4. **Error Analysis**: What types of texts are most challenging for self-identification?

## 🛠️ Development

### Adding New Models

Edit `config.yaml`:

```yaml
experiment:
  models:
    - name: "your-model/name:version"
      display_name: "Your Model"
      enabled: true
```

### Adding New Prompts

Edit the `prompts` list in `config.yaml`:

```yaml
experiment:
  prompts:
    - "Your new prompt here..."
```

### Extending Evaluation Tasks

The framework is designed for extensibility.
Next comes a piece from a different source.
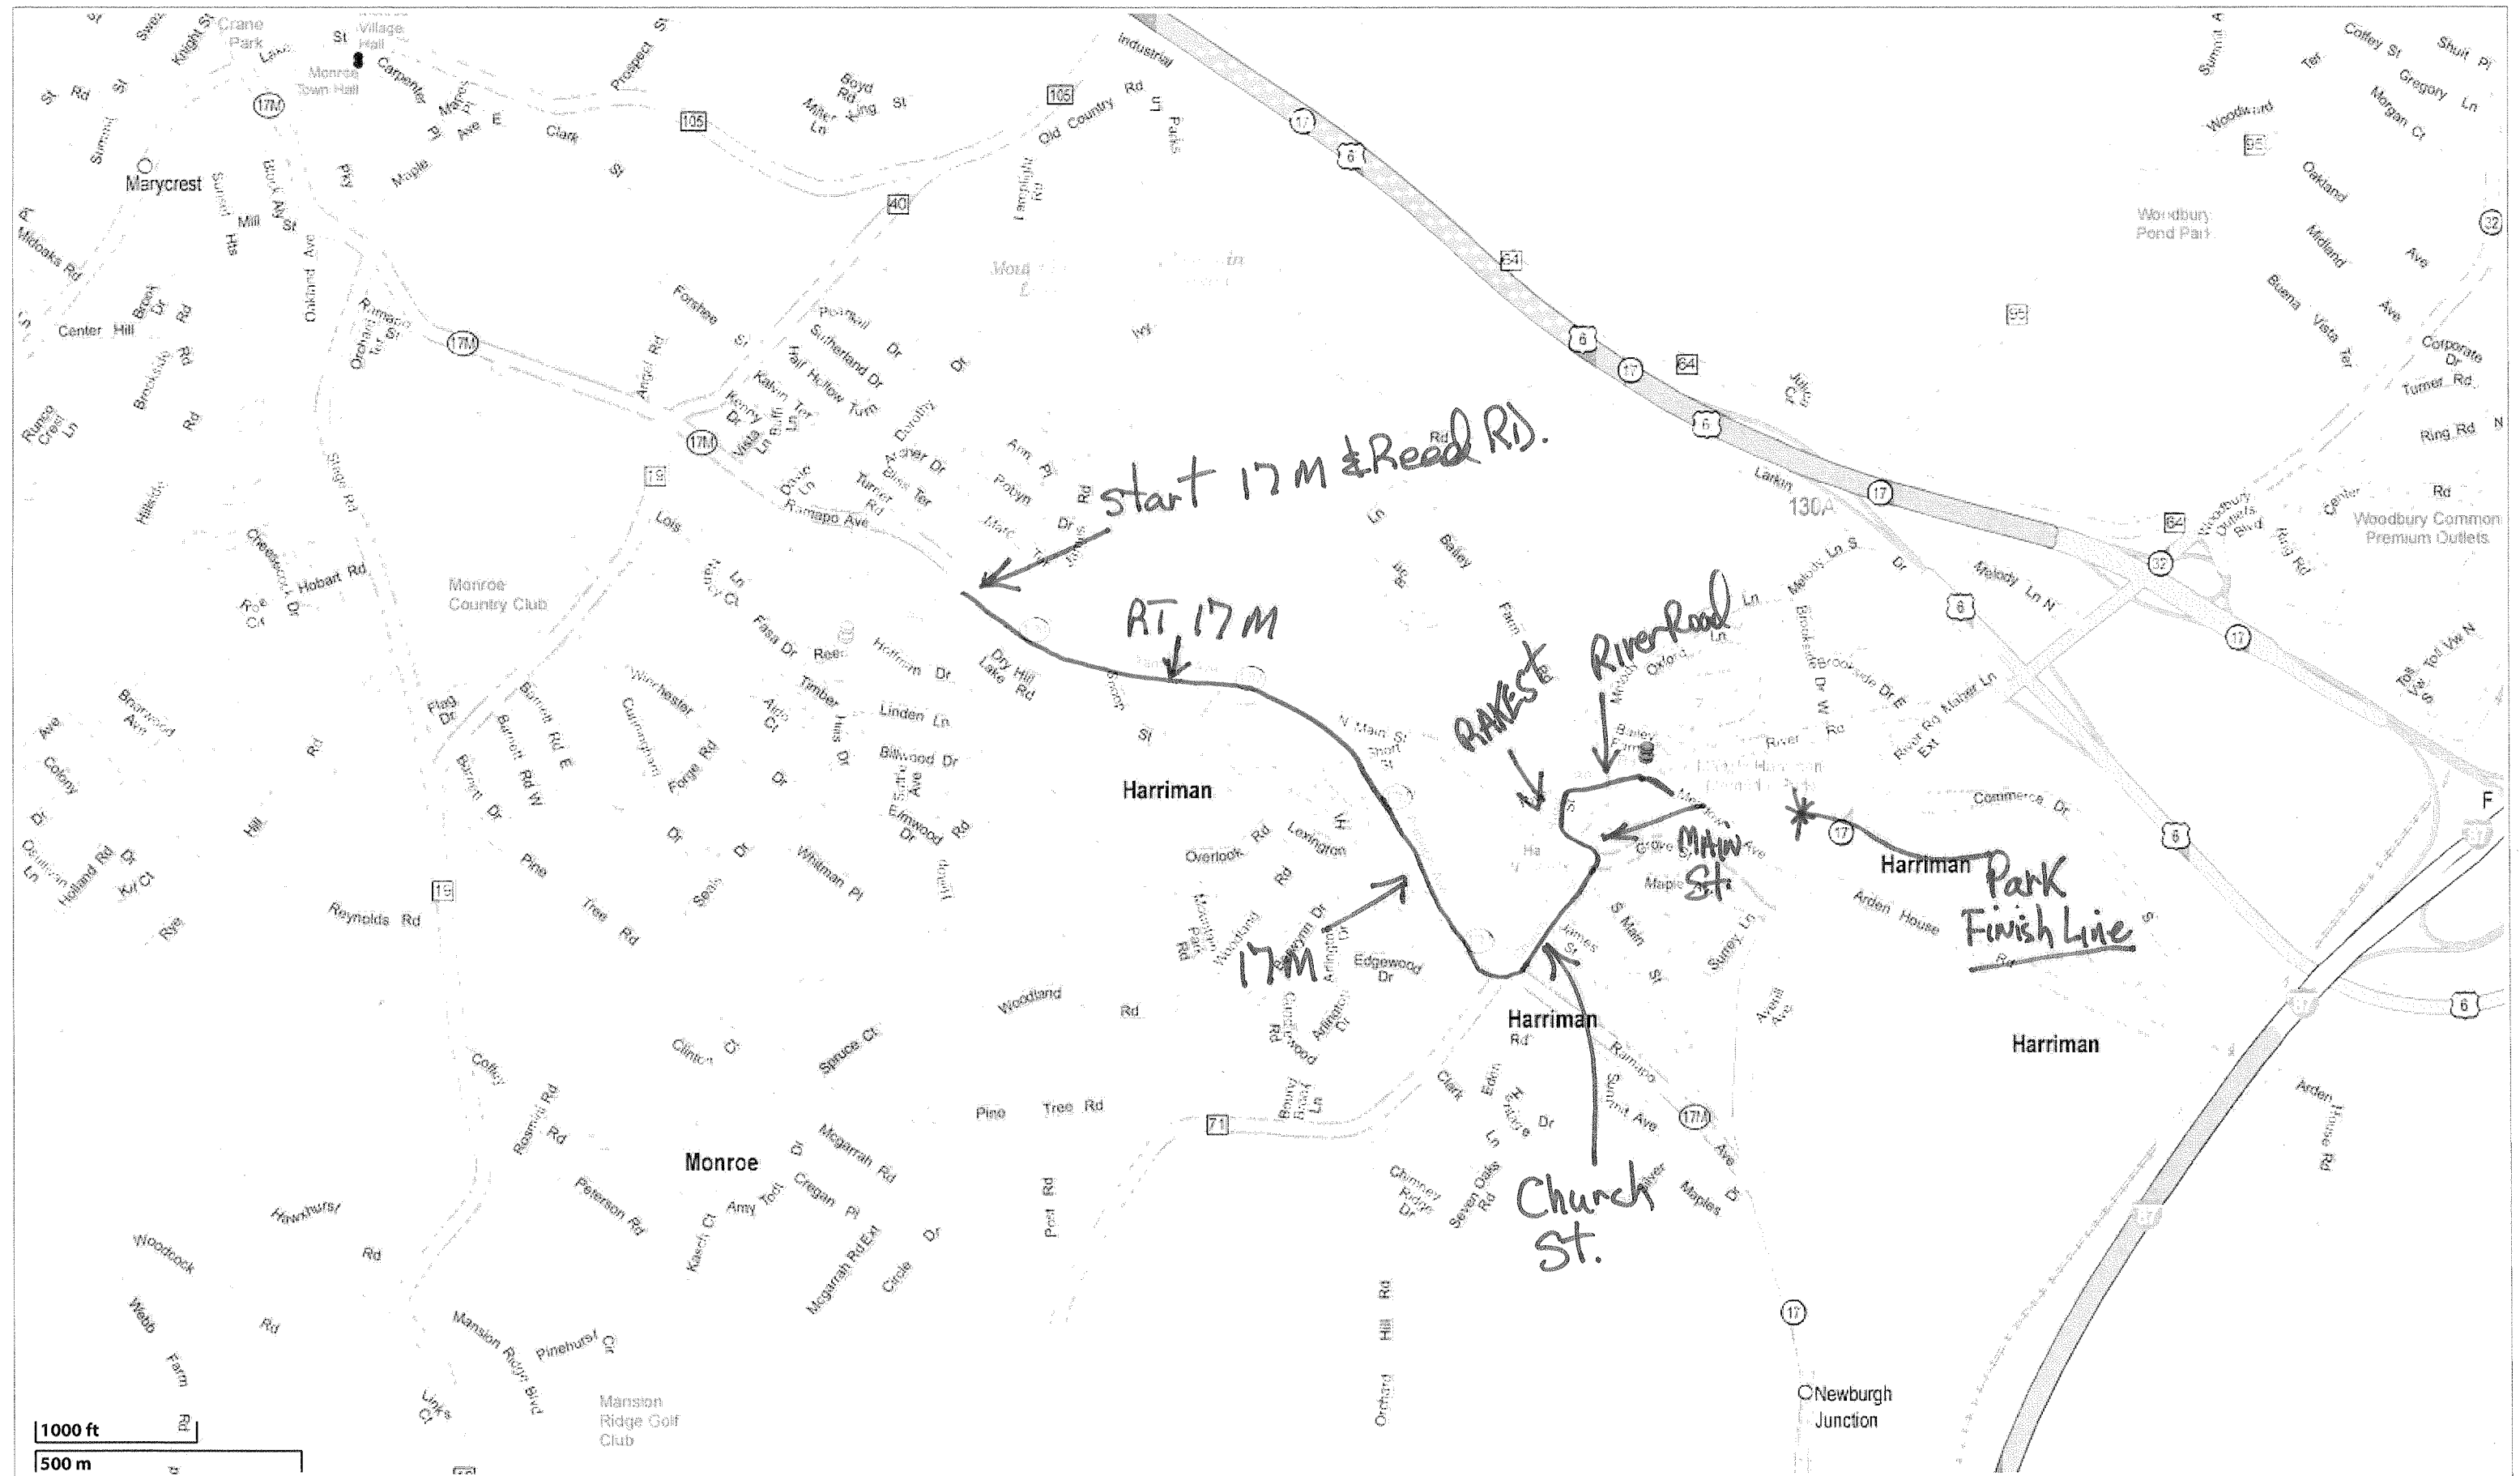

Current Map 2008 OCVFA PARADE ROUTE

1000 ft
500 m

New evaluation tasks can be added by:

1. Adding to the `EvaluationTask` enum in `src/evaluator.py`
2. Implementing the evaluation logic in `ModelIdentificationEvaluator`
3. Adding visualization support in `ResultsVisualizer`

### Customizing Visualizations

All plots use consistent formatting:
- **Font size**: 20pt for all text elements (publication-ready)
- **No titles**: Clean plots without titles (add your own in papers/presentations)
- **PDF default**: High-quality vector format for publications
- **Customizable**: Easy to modify colors, styles, and layout in `src/visualizer.py`

## 📈 Understanding Results

### Expected Patterns:

1. **Self-Awareness**: Models should show higher accuracy on their own texts
2. **Style Recognition**: Models with distinct writing styles should be easier to identify
3. **Task Sensitivity**: Binary tasks might show different patterns than exact prediction

## 🔧 Flexible Evaluation Examples

### Different Evaluator Models
```bash
# Use specific models as evaluators (not in generation set)
ai-self-awareness evaluate --evaluator-models "anthropic/claude-3-haiku:beta,openai/gpt-3.5-turbo"

# Evaluate with just one model
ai-self-awareness evaluate --evaluator-models "moonshotai/kimi-k2:free" --task binary
```

### Cross-Model Analysis
```yaml
# config.yaml - Generate with 2 models, evaluate with 4 different models
generation:
  models:
    - name: "model-a"
      display_name: "Model A"
    - name: "model-b" 
      display_name: "Model B"

evaluation:
  evaluator_models:
    - name: "model-c"
      display_name: "Model C"
    - name: "model-d"
      display_name: "Model D"
    - name: "model-e"
      display_name: "Model E"
    - name: "model-f"
      display_name: "Model F"
```

### Task-Specific Evaluation
```bash
# Run only binary self-identification
ai-self-awareness evaluate --task binary

# Run both tasks with custom evaluators
ai-self-awareness evaluate --task both --evaluator-models "model1,model2,model3"
```

### Potential Findings:

- Models may have characteristic "signatures" in their generated text
- Some models may be more consistent in their style than others
- The self-awareness effect may vary by prompt type or text length

## 🤝 Contributing

1. Fork the repository
2. Create a feature branch
3. Make your changes
4. Add tests if applicable
5. Submit a pull request

## 📄 License

MIT License - see LICENSE file for details.

## 🙏 Acknowledgments

This research framework uses:
- [OpenRouter](https://openrouter.ai/) for AI model access
- Various free-tier AI models for text generation and evaluation
- Python ecosystem tools for data processing and visualization

Note that data is too large to be included. We include our pipeline for generating the data. Our dataset will be made publicly available with the publication of the paper.